Social media companies have responded to the idea put forward by the Prime Minister last week that such services should be blacked out during times of social unrest, the Financial Times has reported.
We reported last week on David Cameron’s parliament address in which he said that social media could have contributed to the spread of the riots across the country.
Twitter, Facebook and Blackberry, the sites at the centre of the controversy over censoring information, responded to Cameron’s suggestions in a positive way, all stating that they would be happy to work with authorities over incitement during the riots.
Facebook responded by stating that they had already put teams in place to manually remove messages deemed dangerous and said they would “look forward” to meeting UK government officials.
Twitter and RIM also said they would be happy to work with authorities to see what could be done about any situations that may arise in the future.
But Mike Conrodi, partner at London law firm DLA Piper told the FT that he was unaware of any existing law that would allow the government to listen in to people’s communications en-masse in order to uncover individuals who are breaking the law.
Facebook say it has a number of measures that filter out posts which may be of concern and said that they have increased the number of staff who monitor the software in the wake of the riots and Norway shootings.
The social network site went on to say that its terms made it very clear that should anyone violate policies on threats of violence or illegal activity then they would have content removed and in some cases their accounts disabled.
However, Twitter is less stringent in the information it removes and its policies state that although the company doesn’t “always agree with the things people choose to tweet, [they] keep the information flowing irrespective of any view [they] may have about the content.”
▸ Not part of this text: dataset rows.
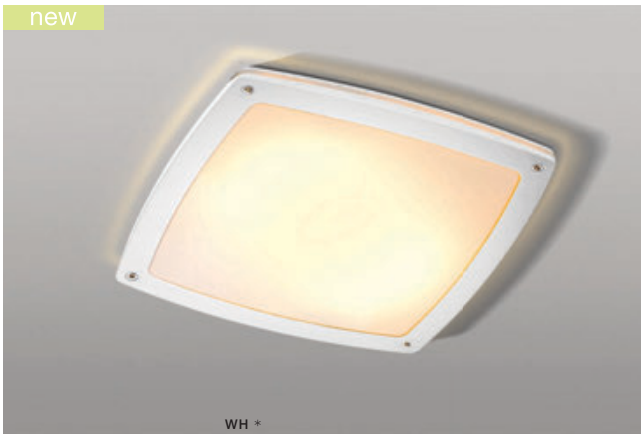

# FANO SMART

78

Outdoor lamps

WH \*

## FANO S 30 SMART LED RGB

LED integrated

voltage: 230V	LED 24W 1720lm RGB	
IP54	2600-6000K	
technical specification	installation place	

COLOUR / NEW INDEX NO.

- BLACK (BK) . . . . . **AZ4786**
- DARK GREY (DGR) . . . . . **AZ4787**
- WHITE (WH) . . . . . **AZ4788**

## FANO R 30 SMART LED RGB

LED integrated

voltage: 230V	LED 24W 1720lm RGB	
IP54	2600-6000K	
technical specification	installation place	

COLOUR / NEW INDEX NO.

- BLACK (BK) . . . . . **AZ4783**
- DARK GREY (DGR) . . . . . **AZ4784**
- WHITE (WH) . . . . . **AZ4785**
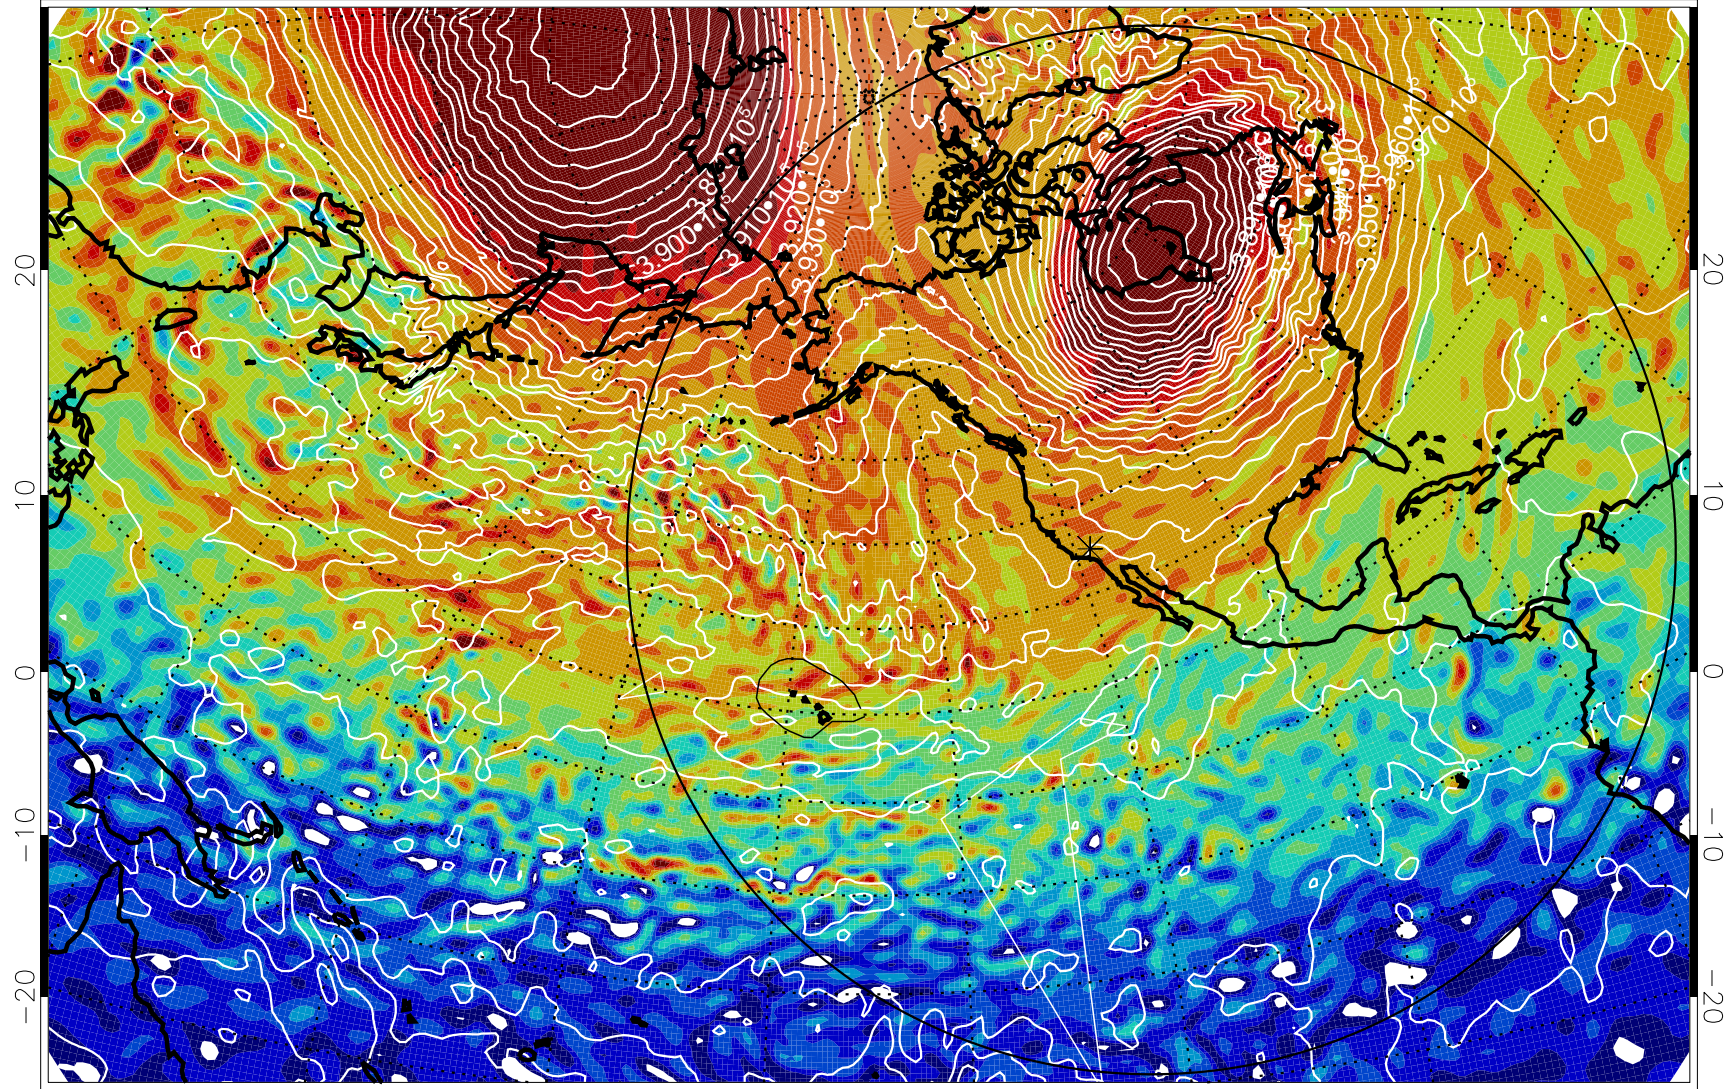

13011906, 78 hour forecast for 460K EPV

460K Montgomery Streamfunction, white

Range ring of 6000 km -- 19 hours GH round trip

13011912, 84 hour forecast for 460K EPV

460K Montgomery Streamfunction, white

Range ring of 6000 km -- 19 hours GH round trip

13011918, 90 hour forecast for 460K EPV

460K Montgomery Streamfunction, white

Range ring of 6000 km -- 19 hours GH round trip

13012000, 96 hour forecast for 460K EPV

460K Montgomery Streamfunction, white

Range ring of 6000 km -- 19 hours GH round trip

13012006, 102 hour forecast for 460K EPV

460K Montgomery Streamfunction, white

Range ring of 6000 km -- 19 hours GH round trip

13012012, 108 hour forecast for 460K EPV

460K Montgomery Streamfunction, white

Range ring of 6000 km -- 19 hours GH round trip

13012018, 114 hour forecast for 460K EPV

460K Montgomery Streamfunction, white

Range ring of 6000 km -- 19 hours GH round trip

13012100, 120 hour forecast for 460K EPV

Twitter does remove illegal and spamming tweets regularly but says that to monitor the huge amount of tweets made in one day would make for an impossible task, also citing ethical concerns on restricting freedom of expression.
It seems that all of the companies are willing to work with the authorities when threats of violence are made but this measure, if implemented, would have to be looked at carefully by the UK government.
Current legislation doesn’t allow officials to remove the rights of all its citizens, even during times of unrest, so it will be interesting to see if the government attempts to introduce new laws enabling them to do so.